N° 76, automne 2005
Figures de l’étrangeté. Proust, Musil, Pessoa, Cixous, Houellebecq
Nicole Deschamps
L’auteur en lecteur de soi-même
Chef-d’œuvre de condensation, la scène typiquement proustienne de la lecture du Figaro est ici considérée comme un récit de rêve. Son apparente étrangeté ne fait que souligner sa cohérence avec l’ensemble de l’œuvre de Proust, qui en devient le contenu latent. Déjà présente dans le Contre Sainte-Beuve, cette scène d’À la recherche du temps perdu occupe une place importante dans les avant-textes de l’ouverture. Elle a souvent été réécrite avant d’être tardivement enchâssée dans Albertine disparue, cette partie instable de son roman que Proust avait rayée juste avant sa mort, peut-être avec l’intention d’autres remaniements. Cette proximité du texte avec ses origines et son inachèvement fait écho à l’expérience de l’auteur en rêveur éveillé, soumis à la pulsion de mort ainsi qu’à la récapitulation de sa vie jusqu’en ses racines les plus lointaines. Lecteur de lui-même, le héros y réaffirme son identité d’écrivain en même temps qu’il sonde les facettes mystérieuses de son être.

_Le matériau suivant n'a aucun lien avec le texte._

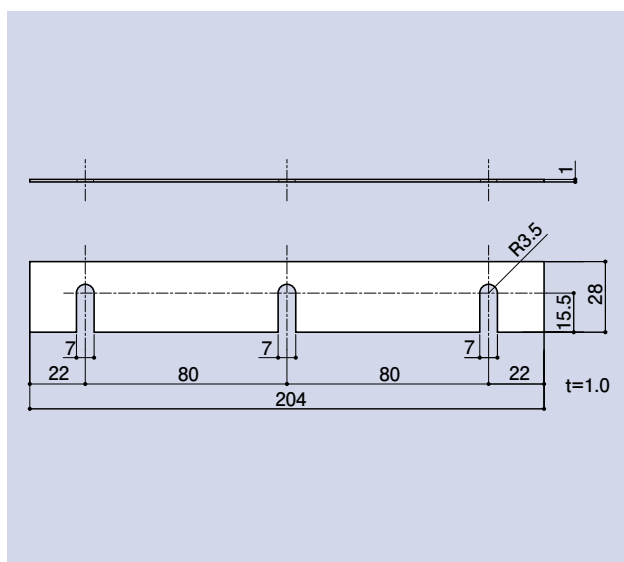

PL-300

カクシ丁番ライナー

品番	材質	仕上
PL-300	SUS304	生地

適用丁番品番
KH-701TA
KH-706

PL-306

カクシ丁番ライナー

品番	材質	仕上
PL-306	SUS304	生地

適用丁番品番
KH-704A

PL-307

カクシ丁番ライナー

品番	材質	仕上
PL-307	SUS304	生地

適用丁番品番
KH-705A

CONTENTS/
INDEX/
耐荷重算定式

丁番/
ヒンジ

F落し/
丸落し

打掛け/
掛金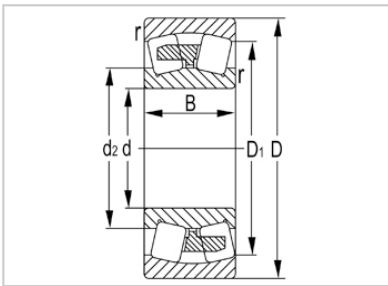

调心滚子轴承

22200 系列-22228KW33C3

型号	22228KW33C3
尺寸(mm)	
d	140
D	250
B	68
rs min	3
基本额定载荷(KN)	
Cr	685
Cor	975
限速(rpm)	
脂	1200
油	1900
重量	
kg	13.7

河北环升轴承有限公司-Tel:+86-0319-8541203-Email:hbhs@hbhsbearing.com-www.hbhsbearing.com

Chez Proust, l’exploration de la réalité passe par le rêve, à la fois révélateur de l’inconscient et moteur de la création.
The Author as Self-Reader
A masterpiece of condensation, the reading of the Figaro — a typically Proustian scene — is viewed here as a dream narrative. Its apparent strangeness merely serves to underscore its coherence with Proust’s work as a whole, which becomes its latent content. Already present in Against Sainte-Beuve, this scene from In Search of Lost Time occupies an important place in foretexts to the work. It was rewritten many times before being belatedly inserted into Albertine Gone, that unstable part of the novel that Proust removed shortly before his death, perhaps with the intention of making further changes. The text’s incompletion and closeness to its origins echo the author’s experience as a daydreamer, subject to both the death instinct and the recapitulation of his life from his very deepest roots. A self-reader, the hero affirms here his identity as a writer, while probing the mysterious facets of his being. In Proust, reality is explored through the dream, which at once reveals the unconscious and serves as the engine of creation.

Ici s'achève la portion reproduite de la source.